--- AVAILABLE DATA Enclosed Below ---
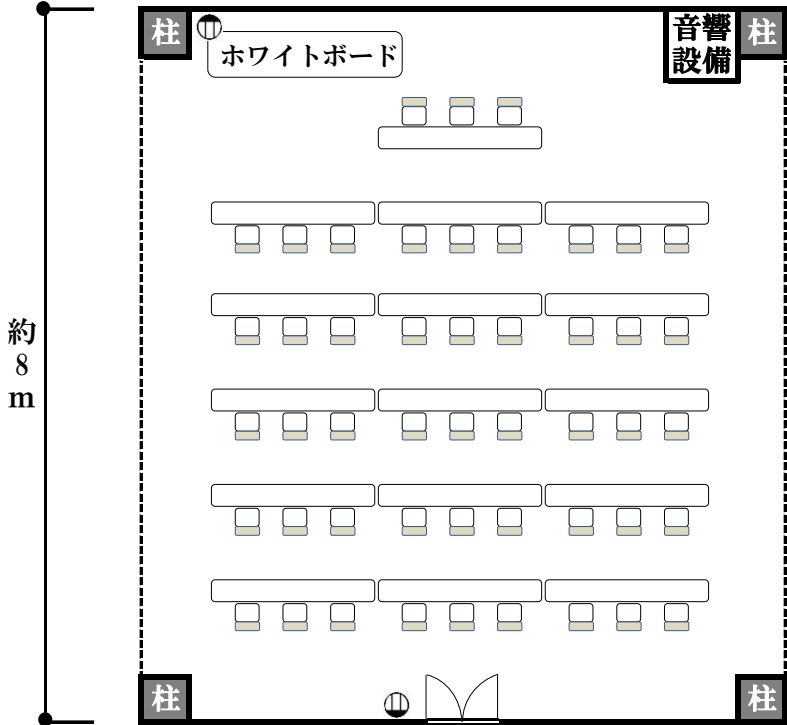

約 7 m

【会議室 3】 定員:48名

100Vコンセント
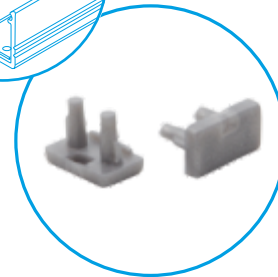

PROFILO_B

- 📁 19161 PROFILO B
- 📁 26540 PROFILO B 2M
- 📁 26568 SHADE B/F-FR
- 📁 26569 SHADE B/F-W
- 📁 26570 SHADE B/F-FR 2M
- 📁 26571 SHADE B/F-W 2M
- 📁 26596 HANDLE B/F
- 📁 26604 CONNECT-L B
- 📁 19181 STOPPER B

- profil / profil
- profil / profil
- difuzor / difúzor
- difuzor / difúzor
- difuzor / difúzor
- difuzor / difúzor
- držák / držiak
- spojka / spojka
- záslepka / záslepka

- 🌀 eloxovaný hliník / eloxovaný hliník
- 🌀 eloxovaný hliník / eloxovaný hliník
- 🌀 transparentní / transparentný
- 🌀 bílá / biela
- 🌀 transparentní / transparentný
- 🌀 bílá / biela
- 🌀 nerez / nerez
- 🌀 hliník / hliník
- 🌀 šedá / šedá
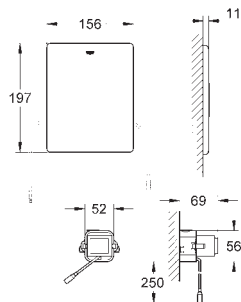

GROHE RAPID SL TIL HANDICAPPEDE

GROHE nr. VVS nr. Farve Pris DKK
ekskl. moms

38 759 SD0 616990700 Rustfrit stål 9.568,00

Radio-elektronik

til WC
modtagermodul 868,4 MHz
til støtteskinner for handicappede med radiosender af Hewi, Keuco, Lehnen, Normbau, Pressalit, AMS, Deubad, Erlau, FRELU, FSB
til systerne GD 2
til 6 L cisterner
til indbyg i væg
frontplade 156 x 197 mm
servomotor
med transformer 100-230 V AC, 50-60 Hz, 6 V DC
indstillelig skyllemægde
indstillelig skylletid
72 t skyl kan aktiveres
med 3 m forlængerledning for tilslutning af transformator og elektronik
CE-godkendt

38 934 SD0 Rustfrit stål 5.822,00
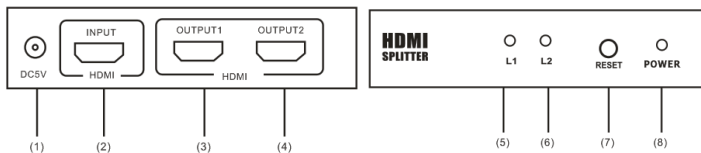

1. Product overzicht

- 1.DC POWER INPUT PORT
- 2.HDMI INPUT PORT
- 3.HDMI OUTPUT PORT 1
- 4.HDMI OUTPUT PORT 2

- 5.HDMI OUTPUT 1 INDICATOR
- 6.HDMI OUTPUT 2 INDICATOR
- 7.SIGNAL RESET PUSH BUTTON
- 8.POWER INDICATOR
--- End of Enclosed AVAILABLE DATA ---
WHAT IS EXPECTED:
In the lines above, find the word "INPUT" and copy every line it occurs in.

TASK RESPONSE:
- 1.DC POWER INPUT PORT
- 2.HDMI INPUT PORT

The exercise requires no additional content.